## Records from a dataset
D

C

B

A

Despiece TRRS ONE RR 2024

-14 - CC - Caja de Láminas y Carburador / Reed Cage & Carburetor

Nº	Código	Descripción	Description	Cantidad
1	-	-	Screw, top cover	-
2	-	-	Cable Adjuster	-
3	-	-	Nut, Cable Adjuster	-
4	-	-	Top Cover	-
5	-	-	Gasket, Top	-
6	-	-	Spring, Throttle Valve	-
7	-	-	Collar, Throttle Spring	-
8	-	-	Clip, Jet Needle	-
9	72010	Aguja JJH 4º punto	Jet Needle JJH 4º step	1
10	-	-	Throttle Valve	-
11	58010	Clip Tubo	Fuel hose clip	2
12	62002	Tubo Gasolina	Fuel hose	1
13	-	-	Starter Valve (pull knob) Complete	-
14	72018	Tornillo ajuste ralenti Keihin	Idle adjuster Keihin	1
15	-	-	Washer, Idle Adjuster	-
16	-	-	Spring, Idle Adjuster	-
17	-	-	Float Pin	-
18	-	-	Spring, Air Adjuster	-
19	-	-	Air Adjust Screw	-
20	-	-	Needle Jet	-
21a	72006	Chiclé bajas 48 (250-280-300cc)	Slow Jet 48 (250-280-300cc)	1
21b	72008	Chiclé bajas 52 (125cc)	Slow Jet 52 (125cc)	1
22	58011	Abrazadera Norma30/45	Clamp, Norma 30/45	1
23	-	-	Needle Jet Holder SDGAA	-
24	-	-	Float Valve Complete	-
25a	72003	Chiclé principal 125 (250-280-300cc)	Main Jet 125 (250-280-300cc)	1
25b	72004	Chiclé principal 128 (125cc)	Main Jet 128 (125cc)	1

* * *

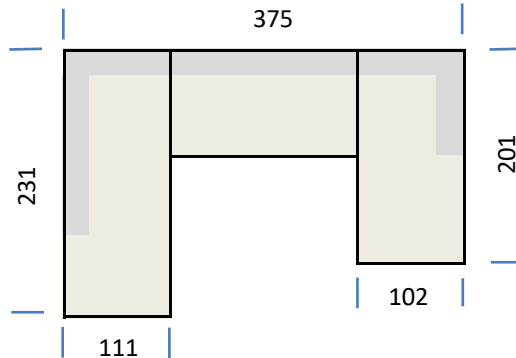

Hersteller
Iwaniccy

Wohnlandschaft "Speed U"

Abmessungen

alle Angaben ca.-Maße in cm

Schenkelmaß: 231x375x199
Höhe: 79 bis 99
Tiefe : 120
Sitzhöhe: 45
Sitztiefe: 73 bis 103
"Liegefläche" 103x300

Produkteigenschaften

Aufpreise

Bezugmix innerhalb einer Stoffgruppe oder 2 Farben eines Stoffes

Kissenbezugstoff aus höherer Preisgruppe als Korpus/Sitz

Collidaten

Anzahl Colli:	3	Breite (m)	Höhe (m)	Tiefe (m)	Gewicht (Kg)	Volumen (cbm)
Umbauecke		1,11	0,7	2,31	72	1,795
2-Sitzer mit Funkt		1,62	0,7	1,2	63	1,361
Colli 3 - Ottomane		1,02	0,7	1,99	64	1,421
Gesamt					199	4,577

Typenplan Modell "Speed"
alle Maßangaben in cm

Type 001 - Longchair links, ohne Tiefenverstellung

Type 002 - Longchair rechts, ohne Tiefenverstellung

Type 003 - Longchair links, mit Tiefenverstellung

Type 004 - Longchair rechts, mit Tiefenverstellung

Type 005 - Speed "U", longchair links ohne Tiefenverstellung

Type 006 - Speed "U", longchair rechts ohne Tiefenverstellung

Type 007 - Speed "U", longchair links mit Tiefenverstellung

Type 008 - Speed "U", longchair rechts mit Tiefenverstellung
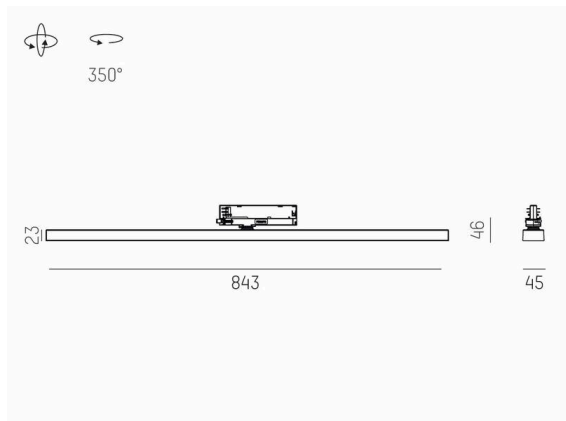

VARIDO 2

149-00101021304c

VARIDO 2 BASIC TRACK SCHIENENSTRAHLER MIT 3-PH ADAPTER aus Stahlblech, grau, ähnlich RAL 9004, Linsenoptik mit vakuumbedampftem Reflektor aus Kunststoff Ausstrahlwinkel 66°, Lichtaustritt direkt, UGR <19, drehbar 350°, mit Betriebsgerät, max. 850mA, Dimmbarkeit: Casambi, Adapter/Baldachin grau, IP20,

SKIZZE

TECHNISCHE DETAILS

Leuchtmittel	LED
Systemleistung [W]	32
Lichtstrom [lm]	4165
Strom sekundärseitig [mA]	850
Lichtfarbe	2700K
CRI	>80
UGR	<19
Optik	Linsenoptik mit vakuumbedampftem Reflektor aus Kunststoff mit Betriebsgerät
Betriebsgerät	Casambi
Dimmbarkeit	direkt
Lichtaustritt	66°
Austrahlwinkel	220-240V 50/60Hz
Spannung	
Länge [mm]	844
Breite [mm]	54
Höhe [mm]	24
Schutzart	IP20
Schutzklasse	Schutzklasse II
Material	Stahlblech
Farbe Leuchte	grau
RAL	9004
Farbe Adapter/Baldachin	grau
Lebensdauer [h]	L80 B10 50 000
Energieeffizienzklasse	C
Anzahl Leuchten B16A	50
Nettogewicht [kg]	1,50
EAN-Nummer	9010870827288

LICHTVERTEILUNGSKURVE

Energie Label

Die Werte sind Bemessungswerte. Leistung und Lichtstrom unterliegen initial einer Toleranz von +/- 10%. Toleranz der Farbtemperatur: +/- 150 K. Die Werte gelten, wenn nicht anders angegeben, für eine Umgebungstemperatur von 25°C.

==

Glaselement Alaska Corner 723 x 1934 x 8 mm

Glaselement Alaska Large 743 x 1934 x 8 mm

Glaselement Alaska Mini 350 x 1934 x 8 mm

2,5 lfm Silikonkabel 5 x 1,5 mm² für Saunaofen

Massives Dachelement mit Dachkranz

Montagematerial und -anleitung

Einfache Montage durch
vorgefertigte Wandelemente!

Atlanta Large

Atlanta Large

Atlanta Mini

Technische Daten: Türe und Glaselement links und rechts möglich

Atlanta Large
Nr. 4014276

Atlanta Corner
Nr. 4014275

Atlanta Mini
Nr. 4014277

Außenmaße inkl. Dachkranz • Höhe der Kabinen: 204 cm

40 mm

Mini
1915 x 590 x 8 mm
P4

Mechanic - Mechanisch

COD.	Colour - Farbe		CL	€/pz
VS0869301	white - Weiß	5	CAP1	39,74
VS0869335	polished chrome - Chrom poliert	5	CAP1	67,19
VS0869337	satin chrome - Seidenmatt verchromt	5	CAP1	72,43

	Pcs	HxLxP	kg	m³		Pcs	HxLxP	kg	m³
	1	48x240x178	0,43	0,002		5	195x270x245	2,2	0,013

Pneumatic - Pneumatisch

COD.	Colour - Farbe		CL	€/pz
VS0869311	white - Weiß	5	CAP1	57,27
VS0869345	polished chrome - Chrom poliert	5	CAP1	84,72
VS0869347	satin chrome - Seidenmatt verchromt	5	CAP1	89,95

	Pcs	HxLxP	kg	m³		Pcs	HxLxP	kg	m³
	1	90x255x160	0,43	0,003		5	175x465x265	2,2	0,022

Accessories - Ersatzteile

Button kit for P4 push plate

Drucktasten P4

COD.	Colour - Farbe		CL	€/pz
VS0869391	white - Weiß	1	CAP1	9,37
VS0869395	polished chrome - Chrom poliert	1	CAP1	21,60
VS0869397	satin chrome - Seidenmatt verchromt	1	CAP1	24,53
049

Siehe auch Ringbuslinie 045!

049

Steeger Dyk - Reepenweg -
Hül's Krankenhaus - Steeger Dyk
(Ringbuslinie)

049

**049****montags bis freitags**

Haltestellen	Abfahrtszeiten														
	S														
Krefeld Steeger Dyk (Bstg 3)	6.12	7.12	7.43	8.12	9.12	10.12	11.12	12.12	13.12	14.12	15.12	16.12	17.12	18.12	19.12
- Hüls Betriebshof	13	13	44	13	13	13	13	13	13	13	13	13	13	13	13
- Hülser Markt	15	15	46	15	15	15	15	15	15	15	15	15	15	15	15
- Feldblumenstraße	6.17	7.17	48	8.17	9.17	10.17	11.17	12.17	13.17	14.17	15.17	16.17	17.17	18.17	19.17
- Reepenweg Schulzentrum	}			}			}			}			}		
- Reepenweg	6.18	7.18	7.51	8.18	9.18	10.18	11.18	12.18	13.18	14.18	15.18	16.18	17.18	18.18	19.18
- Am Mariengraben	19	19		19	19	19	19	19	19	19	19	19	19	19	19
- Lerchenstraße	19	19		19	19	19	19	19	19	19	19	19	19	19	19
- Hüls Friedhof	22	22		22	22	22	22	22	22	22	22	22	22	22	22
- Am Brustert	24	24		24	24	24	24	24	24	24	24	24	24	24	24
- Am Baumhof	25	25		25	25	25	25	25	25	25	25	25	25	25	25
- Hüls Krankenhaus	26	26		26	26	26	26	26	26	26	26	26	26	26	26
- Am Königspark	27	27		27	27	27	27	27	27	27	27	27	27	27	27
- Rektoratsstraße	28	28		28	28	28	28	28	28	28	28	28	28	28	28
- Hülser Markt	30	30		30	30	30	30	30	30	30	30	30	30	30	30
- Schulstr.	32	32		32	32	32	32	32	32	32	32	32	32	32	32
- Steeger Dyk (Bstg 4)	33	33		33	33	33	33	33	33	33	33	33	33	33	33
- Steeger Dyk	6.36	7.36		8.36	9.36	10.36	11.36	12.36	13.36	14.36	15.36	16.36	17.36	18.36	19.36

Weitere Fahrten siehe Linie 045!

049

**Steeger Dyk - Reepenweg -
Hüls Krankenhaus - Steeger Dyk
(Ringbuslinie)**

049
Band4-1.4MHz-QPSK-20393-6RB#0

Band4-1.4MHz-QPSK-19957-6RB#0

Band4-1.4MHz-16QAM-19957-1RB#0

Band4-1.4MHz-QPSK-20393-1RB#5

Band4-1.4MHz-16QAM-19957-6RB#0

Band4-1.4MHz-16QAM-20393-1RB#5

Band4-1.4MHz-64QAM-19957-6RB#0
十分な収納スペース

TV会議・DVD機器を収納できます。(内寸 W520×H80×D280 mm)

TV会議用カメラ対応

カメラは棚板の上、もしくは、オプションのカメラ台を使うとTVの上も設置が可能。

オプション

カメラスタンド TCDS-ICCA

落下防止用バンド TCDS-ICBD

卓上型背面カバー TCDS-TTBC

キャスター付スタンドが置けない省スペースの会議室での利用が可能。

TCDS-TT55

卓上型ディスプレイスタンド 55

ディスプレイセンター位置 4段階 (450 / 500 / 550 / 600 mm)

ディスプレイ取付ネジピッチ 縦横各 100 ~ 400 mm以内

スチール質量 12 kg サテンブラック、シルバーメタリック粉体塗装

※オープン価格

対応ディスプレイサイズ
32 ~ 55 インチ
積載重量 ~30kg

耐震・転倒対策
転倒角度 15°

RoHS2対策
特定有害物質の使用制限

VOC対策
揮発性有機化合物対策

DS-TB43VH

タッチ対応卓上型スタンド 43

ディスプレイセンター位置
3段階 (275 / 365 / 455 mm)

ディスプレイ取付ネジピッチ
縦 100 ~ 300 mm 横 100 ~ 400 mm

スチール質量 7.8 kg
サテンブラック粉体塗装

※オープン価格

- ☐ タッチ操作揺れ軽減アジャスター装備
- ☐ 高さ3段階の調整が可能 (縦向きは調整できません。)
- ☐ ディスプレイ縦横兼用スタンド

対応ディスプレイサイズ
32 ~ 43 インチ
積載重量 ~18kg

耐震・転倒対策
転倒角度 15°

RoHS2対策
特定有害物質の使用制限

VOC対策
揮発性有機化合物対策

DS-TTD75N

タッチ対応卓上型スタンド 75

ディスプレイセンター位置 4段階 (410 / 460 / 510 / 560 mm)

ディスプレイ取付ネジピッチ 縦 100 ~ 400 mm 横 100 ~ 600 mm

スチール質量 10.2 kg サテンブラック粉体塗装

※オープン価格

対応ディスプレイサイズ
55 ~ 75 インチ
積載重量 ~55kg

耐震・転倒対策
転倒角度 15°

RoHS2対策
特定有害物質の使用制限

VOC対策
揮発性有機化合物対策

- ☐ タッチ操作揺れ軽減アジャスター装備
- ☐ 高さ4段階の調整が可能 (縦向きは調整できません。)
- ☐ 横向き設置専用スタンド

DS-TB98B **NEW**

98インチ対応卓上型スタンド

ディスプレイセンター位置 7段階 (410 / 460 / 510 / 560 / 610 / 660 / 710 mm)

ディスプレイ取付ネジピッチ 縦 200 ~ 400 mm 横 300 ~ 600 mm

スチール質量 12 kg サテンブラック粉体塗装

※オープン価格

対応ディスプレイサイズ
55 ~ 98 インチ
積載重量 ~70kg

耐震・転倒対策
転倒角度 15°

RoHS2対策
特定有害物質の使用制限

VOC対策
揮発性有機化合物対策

## The problem
The answer must be every line of the data that contains the word "Tiefenverstellung".

## Task result
Type 001 - Longchair links, ohne Tiefenverstellung
Type 002 - Longchair rechts, ohne Tiefenverstellung
Type 003 - Longchair links, mit Tiefenverstellung
Type 004 - Longchair rechts, mit Tiefenverstellung
Type 005 - Speed "U", longchair links ohne Tiefenverstellung
Type 006 - Speed "U", longchair rechts ohne Tiefenverstellung
Type 007 - Speed "U", longchair links mit Tiefenverstellung
Type 008 - Speed "U", longchair rechts mit Tiefenverstellung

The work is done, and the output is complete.